Brooklyn Davis, 24, says he knew he was poor in middle school, when he was teased for having holes in his shoes.

“I found out I was poor in middle school,” Davis says between bites, as he recalls intermittent forays into the drug trade. “I had holes in my shoes and I started getting ripped on. So I just started hitting the block, and I was like ‘Man, nobody’s going to be bothering me now. I’ve got money in my pocket.’ But I realized that can’t go on too long.”
Davis is now a Hill House regular, keen to have a chance at breakfast, access to computers and the use of a telephone.

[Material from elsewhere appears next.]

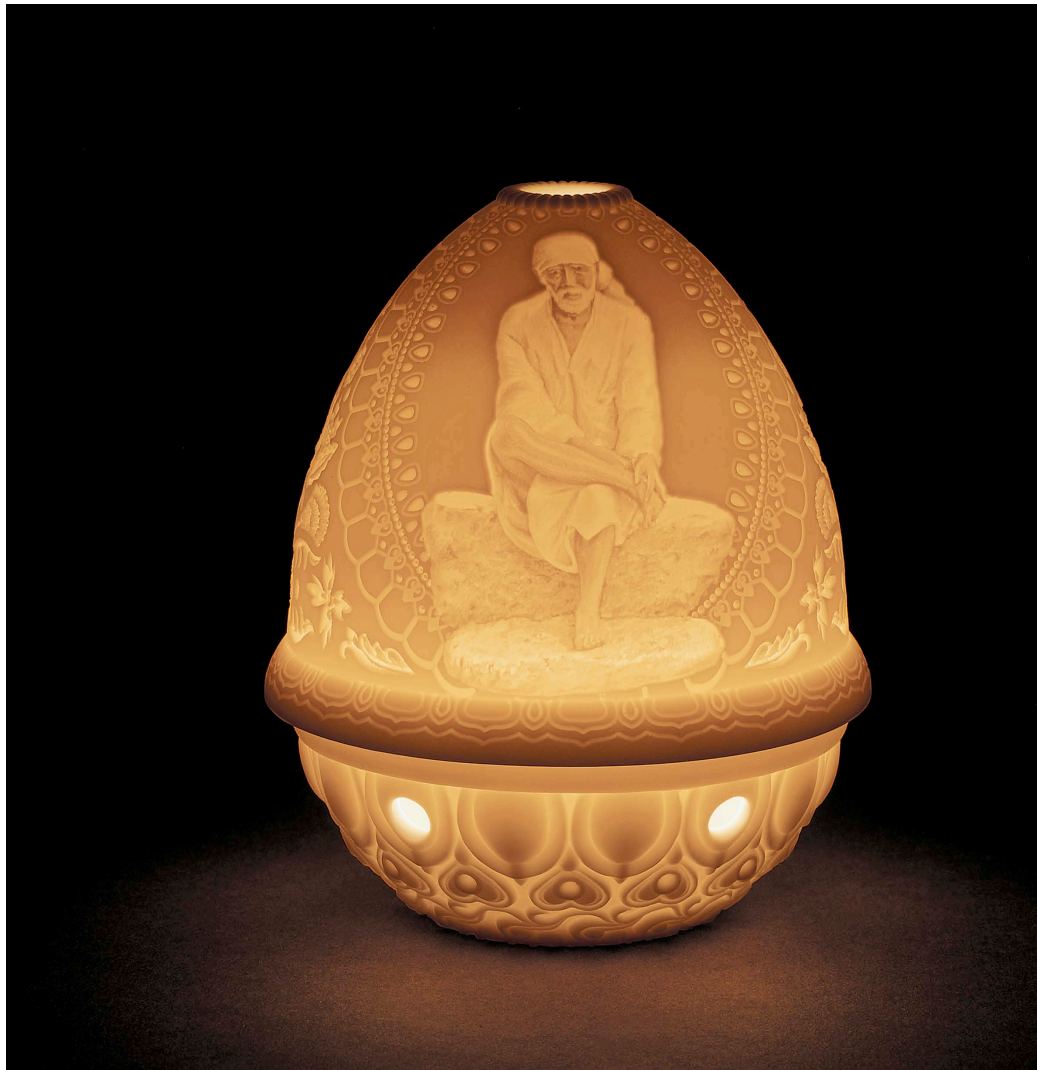

01017365

Litofanía Sai Baba
12 x Ø 9 cm

Lithophane Votive Light - Sai Baba
4 3/4" x Ø 3 1/2"

The facility is anchored in the historic Hill District, a predominantly black and widely impoverished neighborhood that begins in the shadow of the recently completed Consol Energy Center arena — the $320 million home to the Pittsburgh Penguins professional hockey team — and rises eastward along several of the city’s steep ridges.
Being six months unemployed and behind on his child support payments, Davis also comes here by a court order mandating that he be trained in skills that will lead to work, like creating a resume, preparing for interviews and hunting for jobs online.
For many young people born into the cyclic deprivations of urban poverty — failing schools, broken families, lack of jobs, violence, crime and drugs — such lessons come far too late in life. While Davis aspires to become a barber one day (he cuts his friends’ hair, he says), at 23, he is already locked hard onto a path that will make that dream extremely difficult to realize.
Statistically speaking, Davis, like his parents, faces surprisingly high odds against ever escaping from poverty — regardless of what happens in the wider economy.
Even in the best of economic times, America has long maintained pockets of deep and persistent poverty. From blighted urban neighborhoods like this one, hollowed out by the collapse of the steel industry more than a generation ago, to long-impoverished communities in the Mississippi Delta, or the San Joaquin Valley of California, or the uniquely dismal privations on tribal lands in South Dakota and elsewhere — poverty has defined life for multiple generations.